Published 1996 by Scholastic

32pp

Typeset in 20/24pt Times. The later reprinting of the book has a different font on its cover. I’m always interested to see how publishers vary their covers from printing to printing, but of course we’re never told why! (I suppose the font might have had a limited licence?)

Unlike many  picture books, the pages of this book are numbered, on pages where the illustration doesn’t obscure where the page number would go.

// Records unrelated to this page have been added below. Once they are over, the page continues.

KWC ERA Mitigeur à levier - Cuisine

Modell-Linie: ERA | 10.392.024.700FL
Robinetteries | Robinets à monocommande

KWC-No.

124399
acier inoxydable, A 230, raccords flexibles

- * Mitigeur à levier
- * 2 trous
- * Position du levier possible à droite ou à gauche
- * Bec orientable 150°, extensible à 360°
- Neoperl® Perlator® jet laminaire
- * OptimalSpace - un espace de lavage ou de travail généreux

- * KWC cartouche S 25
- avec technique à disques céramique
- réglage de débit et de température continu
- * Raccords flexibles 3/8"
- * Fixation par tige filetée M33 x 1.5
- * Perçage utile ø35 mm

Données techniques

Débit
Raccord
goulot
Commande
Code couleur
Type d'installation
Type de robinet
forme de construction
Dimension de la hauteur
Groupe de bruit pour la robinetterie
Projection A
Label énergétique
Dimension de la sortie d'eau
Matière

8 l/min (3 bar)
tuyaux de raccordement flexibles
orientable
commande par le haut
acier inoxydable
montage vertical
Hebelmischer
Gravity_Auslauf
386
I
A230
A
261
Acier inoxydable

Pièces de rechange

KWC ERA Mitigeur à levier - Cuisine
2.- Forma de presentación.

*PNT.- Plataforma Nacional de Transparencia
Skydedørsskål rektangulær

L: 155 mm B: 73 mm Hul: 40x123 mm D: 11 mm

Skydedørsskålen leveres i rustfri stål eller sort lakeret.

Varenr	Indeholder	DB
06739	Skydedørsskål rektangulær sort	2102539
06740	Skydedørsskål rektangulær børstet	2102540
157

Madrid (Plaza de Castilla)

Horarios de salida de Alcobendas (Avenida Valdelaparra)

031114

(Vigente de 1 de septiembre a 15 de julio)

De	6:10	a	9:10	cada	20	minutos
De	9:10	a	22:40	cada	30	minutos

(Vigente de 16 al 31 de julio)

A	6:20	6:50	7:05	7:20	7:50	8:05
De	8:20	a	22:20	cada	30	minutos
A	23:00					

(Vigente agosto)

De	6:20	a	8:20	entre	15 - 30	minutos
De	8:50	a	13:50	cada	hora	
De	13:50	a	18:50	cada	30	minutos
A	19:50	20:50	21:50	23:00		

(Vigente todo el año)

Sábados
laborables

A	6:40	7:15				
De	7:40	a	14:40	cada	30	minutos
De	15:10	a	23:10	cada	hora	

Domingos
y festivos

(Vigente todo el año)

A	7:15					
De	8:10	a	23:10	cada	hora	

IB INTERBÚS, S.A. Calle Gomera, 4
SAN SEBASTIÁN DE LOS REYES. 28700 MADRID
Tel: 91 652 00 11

Joy Cowley is herself New Zealand European, and like most of us from New Zealand (including many Maori), has some Scottish blood in there somewhere.

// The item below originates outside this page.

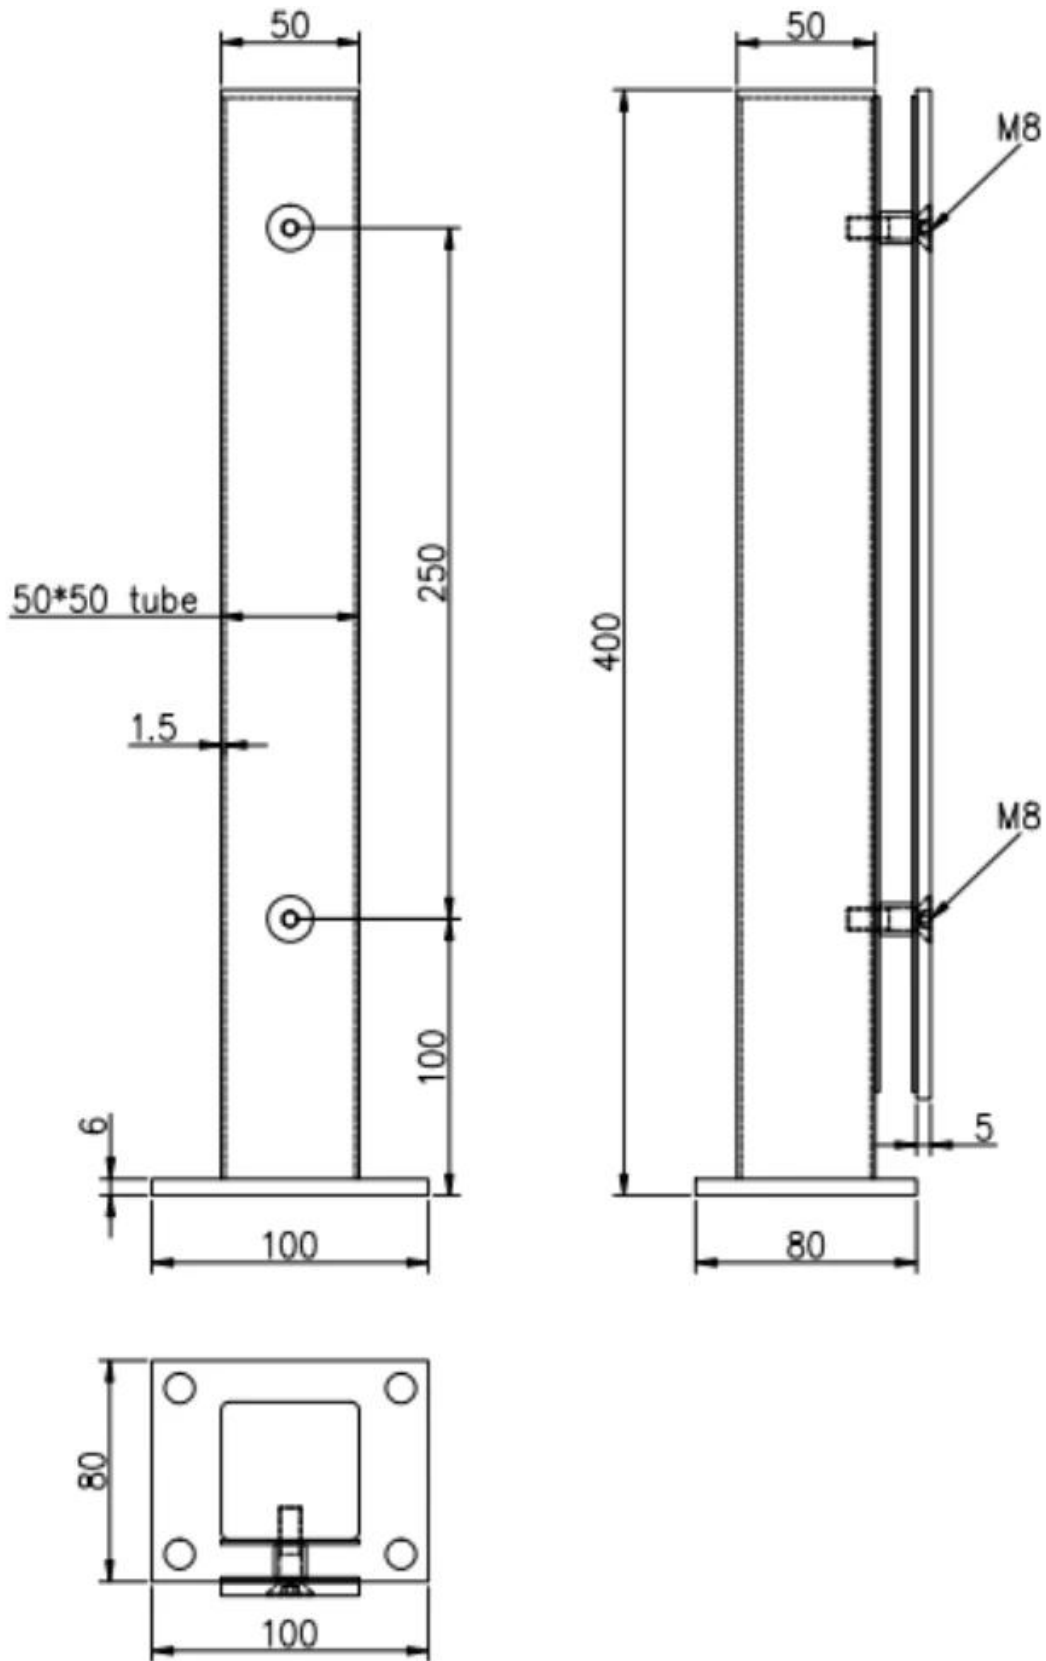

TecnicoDisegno:

Trapano a foro in vetro

Tracey Moroney seems to more commonly go by Trace Moroney. Her website is here.

COMPARE AND CONTRAST

The world of this picture book could be set in the same ‘world’ as Julia Donaldson’s Room On The Broom, which includes supernatural creatures who, like their fairytale equivalents, can be outwitted by savvy young humans. The blues and greens of Tracey Moroney’s colour scheme are somewhat similar to the style chosen by Axel Scheffler six years later.

Room_on_the_Broom

Julia Donaldson, like Joy Cowley, sometimes makes use of traditional poetry as inspiration for her picture books. The Highway Rat is a good example of that. (See The Highwayman by Alfred Noyes.)

Thehighwayrat

WRITE YOUR OWN BASED ON NICKETY NACKETY NOO NOO NOO

Though I’m sure it’s way harder than it looks, we might try taking a traditional poem from Scotland, turning the story on its head and make use of the rhythm and rhyming conventions to create a story for a young, modern audience.